▸ **AIM OF THE TASK**: Search the data below for lines that include the word "Discontinued" and state how many there are, nothing else.

▸ **EXERCISE DATA**:

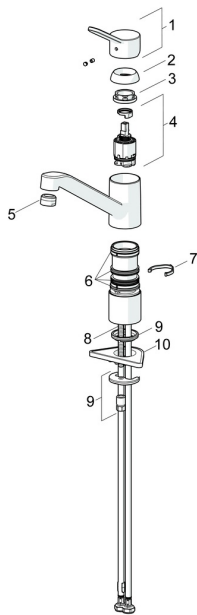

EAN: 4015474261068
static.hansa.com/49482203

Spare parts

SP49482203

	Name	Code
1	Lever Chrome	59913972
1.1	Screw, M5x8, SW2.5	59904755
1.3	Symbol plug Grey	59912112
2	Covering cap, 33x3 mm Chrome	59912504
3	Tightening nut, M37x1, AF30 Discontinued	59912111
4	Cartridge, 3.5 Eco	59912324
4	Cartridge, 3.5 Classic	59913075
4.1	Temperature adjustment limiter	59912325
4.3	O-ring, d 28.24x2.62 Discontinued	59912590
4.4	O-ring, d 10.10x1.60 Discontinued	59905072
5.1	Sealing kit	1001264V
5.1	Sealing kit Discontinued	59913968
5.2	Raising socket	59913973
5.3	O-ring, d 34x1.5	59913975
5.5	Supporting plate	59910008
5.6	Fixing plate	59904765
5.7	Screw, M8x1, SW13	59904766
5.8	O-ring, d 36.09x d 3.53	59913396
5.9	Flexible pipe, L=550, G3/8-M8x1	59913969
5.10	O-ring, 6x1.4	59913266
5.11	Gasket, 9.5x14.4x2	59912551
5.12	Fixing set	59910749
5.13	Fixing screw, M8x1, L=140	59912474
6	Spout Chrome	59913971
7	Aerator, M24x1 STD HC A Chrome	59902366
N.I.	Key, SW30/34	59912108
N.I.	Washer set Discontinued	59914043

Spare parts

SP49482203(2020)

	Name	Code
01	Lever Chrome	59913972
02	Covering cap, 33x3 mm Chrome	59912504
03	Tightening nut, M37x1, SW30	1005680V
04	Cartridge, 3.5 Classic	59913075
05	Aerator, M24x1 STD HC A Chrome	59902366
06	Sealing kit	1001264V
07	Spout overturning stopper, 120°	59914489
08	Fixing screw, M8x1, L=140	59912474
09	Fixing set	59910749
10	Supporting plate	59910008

▸ **EXERCISE ANSWER**: 5